Provided data:
++++++++++
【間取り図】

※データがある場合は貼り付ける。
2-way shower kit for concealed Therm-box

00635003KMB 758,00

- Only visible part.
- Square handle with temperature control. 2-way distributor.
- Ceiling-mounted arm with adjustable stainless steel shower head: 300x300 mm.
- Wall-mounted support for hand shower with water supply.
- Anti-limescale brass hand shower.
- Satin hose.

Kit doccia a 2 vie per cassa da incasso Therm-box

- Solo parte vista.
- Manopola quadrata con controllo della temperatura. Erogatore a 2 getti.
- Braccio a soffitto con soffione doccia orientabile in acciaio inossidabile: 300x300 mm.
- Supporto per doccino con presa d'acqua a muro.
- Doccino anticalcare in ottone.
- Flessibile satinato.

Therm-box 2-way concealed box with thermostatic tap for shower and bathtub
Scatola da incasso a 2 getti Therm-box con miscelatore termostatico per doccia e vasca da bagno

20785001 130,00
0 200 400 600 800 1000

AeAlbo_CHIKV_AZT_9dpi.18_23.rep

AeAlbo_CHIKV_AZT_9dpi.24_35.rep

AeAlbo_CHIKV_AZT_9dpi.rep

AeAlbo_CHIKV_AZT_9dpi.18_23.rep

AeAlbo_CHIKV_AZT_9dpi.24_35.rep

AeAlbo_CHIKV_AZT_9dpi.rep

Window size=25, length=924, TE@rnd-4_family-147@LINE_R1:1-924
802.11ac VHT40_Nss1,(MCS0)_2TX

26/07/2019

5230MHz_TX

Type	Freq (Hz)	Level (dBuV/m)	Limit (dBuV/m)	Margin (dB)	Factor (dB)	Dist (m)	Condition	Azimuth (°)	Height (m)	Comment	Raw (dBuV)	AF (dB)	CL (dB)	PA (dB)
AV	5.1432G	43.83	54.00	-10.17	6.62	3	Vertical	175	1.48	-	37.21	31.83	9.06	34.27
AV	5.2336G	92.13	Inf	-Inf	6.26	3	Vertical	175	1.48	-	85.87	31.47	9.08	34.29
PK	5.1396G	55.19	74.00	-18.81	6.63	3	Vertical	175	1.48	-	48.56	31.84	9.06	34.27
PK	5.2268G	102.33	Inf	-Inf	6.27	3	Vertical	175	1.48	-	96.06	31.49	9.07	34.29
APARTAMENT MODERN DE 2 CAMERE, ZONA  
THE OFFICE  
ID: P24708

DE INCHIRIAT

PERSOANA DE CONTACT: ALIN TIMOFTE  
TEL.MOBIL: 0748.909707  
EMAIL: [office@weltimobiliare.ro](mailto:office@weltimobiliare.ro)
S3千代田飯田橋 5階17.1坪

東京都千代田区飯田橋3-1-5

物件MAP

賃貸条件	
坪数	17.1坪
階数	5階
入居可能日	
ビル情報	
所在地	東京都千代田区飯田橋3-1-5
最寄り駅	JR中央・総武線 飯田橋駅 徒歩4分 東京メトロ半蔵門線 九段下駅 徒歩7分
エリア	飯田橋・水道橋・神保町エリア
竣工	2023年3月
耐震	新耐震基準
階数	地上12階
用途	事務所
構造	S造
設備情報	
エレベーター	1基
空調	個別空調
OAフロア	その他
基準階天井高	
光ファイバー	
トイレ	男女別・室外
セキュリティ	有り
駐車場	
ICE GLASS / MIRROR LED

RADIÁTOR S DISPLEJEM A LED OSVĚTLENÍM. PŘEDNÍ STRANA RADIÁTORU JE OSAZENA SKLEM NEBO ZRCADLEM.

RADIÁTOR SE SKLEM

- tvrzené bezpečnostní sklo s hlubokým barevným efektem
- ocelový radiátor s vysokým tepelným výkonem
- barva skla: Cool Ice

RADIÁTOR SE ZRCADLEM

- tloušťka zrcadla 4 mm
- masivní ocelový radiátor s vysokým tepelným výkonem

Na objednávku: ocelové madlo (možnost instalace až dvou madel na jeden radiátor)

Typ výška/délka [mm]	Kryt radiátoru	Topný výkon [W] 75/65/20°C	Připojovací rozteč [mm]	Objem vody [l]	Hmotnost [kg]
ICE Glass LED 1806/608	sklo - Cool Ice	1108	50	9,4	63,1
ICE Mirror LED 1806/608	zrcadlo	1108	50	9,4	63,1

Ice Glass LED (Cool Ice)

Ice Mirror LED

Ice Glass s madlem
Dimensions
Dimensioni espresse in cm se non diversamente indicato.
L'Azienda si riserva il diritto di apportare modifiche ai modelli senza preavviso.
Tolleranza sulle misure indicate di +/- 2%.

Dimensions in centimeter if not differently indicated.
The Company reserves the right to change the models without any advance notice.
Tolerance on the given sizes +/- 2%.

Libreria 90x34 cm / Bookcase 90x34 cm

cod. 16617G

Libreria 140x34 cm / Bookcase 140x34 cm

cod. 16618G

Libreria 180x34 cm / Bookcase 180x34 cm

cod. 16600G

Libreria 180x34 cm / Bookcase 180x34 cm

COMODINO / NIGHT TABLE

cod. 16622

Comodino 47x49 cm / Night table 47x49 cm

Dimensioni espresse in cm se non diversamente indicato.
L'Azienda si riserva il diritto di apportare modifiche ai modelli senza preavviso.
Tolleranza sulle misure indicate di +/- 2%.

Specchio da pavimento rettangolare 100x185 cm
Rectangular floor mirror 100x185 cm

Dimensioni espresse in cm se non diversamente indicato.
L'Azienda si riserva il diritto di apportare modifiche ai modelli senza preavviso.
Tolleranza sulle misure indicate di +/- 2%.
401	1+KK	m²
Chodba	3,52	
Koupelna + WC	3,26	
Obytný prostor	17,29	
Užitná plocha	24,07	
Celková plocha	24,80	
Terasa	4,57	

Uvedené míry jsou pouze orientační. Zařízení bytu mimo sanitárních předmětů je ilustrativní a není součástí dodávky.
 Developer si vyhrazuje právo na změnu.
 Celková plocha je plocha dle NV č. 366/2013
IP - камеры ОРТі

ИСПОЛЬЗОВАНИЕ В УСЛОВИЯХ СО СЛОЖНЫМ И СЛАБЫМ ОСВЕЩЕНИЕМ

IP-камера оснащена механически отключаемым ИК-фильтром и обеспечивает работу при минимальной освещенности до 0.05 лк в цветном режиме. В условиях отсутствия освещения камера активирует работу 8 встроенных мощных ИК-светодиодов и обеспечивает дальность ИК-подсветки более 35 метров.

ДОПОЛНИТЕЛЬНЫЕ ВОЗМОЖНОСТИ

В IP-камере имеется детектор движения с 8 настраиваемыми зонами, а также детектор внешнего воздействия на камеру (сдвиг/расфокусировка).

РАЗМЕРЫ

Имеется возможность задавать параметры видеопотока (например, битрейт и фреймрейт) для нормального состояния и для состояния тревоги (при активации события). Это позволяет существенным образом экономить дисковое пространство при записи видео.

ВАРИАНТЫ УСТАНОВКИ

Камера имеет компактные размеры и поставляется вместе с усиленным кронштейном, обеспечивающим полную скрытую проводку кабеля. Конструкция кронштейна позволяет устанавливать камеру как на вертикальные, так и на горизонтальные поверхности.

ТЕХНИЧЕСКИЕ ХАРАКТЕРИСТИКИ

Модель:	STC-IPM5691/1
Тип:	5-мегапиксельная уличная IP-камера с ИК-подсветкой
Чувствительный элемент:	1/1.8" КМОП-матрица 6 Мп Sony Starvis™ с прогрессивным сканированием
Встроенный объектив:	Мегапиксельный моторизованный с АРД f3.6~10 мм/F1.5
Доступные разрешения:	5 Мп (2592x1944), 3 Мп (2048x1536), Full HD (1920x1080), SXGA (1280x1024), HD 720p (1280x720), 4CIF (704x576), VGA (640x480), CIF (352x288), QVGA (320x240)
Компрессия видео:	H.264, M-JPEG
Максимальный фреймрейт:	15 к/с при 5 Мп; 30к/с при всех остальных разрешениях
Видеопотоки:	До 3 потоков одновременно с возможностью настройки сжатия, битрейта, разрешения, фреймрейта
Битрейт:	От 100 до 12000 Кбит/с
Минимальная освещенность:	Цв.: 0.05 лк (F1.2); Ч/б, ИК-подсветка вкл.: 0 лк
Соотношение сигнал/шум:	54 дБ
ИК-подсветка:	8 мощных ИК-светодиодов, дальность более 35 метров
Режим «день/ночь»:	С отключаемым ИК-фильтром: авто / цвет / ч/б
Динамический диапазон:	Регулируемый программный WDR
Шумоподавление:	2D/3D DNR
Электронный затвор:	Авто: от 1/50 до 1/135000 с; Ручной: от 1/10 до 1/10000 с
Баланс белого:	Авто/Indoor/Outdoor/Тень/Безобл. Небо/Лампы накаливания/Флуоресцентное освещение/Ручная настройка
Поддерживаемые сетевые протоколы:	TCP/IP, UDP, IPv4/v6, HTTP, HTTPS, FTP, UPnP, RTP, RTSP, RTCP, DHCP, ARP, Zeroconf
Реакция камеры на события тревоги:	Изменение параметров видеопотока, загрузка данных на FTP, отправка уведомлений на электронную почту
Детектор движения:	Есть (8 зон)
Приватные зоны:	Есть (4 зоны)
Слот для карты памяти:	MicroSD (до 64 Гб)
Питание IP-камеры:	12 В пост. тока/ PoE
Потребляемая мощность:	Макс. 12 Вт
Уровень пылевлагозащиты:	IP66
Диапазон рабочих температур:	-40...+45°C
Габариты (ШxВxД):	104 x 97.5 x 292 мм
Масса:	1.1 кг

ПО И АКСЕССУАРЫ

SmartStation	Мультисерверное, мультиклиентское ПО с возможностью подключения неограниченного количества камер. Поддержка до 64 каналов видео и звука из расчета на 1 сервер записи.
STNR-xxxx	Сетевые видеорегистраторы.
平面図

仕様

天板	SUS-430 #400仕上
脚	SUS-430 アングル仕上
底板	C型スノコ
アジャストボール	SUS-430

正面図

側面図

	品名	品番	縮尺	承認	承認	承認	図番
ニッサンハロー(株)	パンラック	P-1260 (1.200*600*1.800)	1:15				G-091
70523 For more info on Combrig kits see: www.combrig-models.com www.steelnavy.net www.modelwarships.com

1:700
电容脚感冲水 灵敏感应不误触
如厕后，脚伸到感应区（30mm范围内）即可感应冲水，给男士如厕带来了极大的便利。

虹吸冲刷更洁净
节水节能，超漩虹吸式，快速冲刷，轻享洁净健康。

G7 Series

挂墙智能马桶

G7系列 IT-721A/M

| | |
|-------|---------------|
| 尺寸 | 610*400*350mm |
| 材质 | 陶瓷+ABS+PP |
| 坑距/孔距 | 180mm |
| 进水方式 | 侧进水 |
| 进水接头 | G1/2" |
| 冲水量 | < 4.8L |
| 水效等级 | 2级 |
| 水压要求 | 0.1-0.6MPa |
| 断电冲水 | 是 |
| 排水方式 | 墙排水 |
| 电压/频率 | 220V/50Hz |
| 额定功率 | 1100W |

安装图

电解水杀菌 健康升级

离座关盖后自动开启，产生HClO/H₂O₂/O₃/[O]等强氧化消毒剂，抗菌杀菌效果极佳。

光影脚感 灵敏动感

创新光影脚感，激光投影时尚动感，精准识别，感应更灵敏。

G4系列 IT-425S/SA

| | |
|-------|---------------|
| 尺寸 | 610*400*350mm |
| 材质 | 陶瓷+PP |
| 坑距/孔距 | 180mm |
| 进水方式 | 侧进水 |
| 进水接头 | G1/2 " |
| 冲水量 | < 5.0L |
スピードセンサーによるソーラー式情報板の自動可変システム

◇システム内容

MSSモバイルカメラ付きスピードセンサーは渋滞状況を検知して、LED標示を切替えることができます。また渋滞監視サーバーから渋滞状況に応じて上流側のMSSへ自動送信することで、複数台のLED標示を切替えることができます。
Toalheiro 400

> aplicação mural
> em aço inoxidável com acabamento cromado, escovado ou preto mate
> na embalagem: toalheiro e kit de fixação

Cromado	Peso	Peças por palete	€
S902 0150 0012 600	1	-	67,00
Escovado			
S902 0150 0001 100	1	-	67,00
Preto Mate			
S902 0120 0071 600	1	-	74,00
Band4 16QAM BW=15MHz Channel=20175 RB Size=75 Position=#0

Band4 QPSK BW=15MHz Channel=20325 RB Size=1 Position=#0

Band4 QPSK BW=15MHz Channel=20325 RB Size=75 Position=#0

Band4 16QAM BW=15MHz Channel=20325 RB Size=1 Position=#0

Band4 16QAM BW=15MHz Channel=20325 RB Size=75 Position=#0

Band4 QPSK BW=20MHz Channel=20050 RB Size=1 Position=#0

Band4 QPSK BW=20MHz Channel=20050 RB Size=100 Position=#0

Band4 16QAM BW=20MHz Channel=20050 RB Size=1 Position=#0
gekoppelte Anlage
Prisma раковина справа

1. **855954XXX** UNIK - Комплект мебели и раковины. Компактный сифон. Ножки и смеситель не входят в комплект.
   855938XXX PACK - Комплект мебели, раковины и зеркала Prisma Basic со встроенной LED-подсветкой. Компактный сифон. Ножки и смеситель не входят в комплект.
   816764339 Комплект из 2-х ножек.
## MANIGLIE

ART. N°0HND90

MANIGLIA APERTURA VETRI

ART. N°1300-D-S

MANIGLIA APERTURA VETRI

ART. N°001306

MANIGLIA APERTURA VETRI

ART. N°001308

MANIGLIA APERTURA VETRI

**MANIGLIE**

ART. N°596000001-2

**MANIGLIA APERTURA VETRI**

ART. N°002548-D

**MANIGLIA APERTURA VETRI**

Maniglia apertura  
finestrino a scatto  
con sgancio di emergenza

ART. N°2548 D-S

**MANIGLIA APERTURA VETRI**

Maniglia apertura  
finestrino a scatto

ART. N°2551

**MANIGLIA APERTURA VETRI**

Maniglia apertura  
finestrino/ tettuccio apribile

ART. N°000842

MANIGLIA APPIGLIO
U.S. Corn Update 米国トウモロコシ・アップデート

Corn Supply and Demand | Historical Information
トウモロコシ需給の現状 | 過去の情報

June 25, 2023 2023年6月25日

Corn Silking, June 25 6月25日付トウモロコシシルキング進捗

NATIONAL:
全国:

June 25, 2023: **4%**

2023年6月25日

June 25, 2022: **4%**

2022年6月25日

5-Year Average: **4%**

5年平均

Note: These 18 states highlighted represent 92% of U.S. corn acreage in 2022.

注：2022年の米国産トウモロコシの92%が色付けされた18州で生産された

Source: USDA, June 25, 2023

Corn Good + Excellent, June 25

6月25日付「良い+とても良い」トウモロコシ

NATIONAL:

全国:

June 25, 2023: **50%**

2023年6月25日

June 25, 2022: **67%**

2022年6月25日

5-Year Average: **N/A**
++++++++++
Please repeat word for word the lines above that run from the beginning through the line containing "DE INCHIRIAT", keeping both the first and that last line.

【間取り図】

※データがある場合は貼り付ける。
2-way shower kit for concealed Therm-box

00635003KMB 758,00

- Only visible part.
- Square handle with temperature control. 2-way distributor.
- Ceiling-mounted arm with adjustable stainless steel shower head: 300x300 mm.
- Wall-mounted support for hand shower with water supply.
- Anti-limescale brass hand shower.
- Satin hose.

Kit doccia a 2 vie per cassa da incasso Therm-box

- Solo parte vista.
- Manopola quadrata con controllo della temperatura. Erogatore a 2 getti.
- Braccio a soffitto con soffione doccia orientabile in acciaio inossidabile: 300x300 mm.
- Supporto per doccino con presa d'acqua a muro.
- Doccino anticalcare in ottone.
- Flessibile satinato.

Therm-box 2-way concealed box with thermostatic tap for shower and bathtub
Scatola da incasso a 2 getti Therm-box con miscelatore termostatico per doccia e vasca da bagno

20785001 130,00
0 200 400 600 800 1000

AeAlbo_CHIKV_AZT_9dpi.18_23.rep

AeAlbo_CHIKV_AZT_9dpi.24_35.rep

AeAlbo_CHIKV_AZT_9dpi.rep

AeAlbo_CHIKV_AZT_9dpi.18_23.rep

AeAlbo_CHIKV_AZT_9dpi.24_35.rep

AeAlbo_CHIKV_AZT_9dpi.rep

Window size=25, length=924, TE@rnd-4_family-147@LINE_R1:1-924
802.11ac VHT40_Nss1,(MCS0)_2TX

26/07/2019

5230MHz_TX

Type	Freq (Hz)	Level (dBuV/m)	Limit (dBuV/m)	Margin (dB)	Factor (dB)	Dist (m)	Condition	Azimuth (°)	Height (m)	Comment	Raw (dBuV)	AF (dB)	CL (dB)	PA (dB)
AV	5.1432G	43.83	54.00	-10.17	6.62	3	Vertical	175	1.48	-	37.21	31.83	9.06	34.27
AV	5.2336G	92.13	Inf	-Inf	6.26	3	Vertical	175	1.48	-	85.87	31.47	9.08	34.29
PK	5.1396G	55.19	74.00	-18.81	6.63	3	Vertical	175	1.48	-	48.56	31.84	9.06	34.27
PK	5.2268G	102.33	Inf	-Inf	6.27	3	Vertical	175	1.48	-	96.06	31.49	9.07	34.29
APARTAMENT MODERN DE 2 CAMERE, ZONA  
THE OFFICE  
ID: P24708

DE INCHIRIAT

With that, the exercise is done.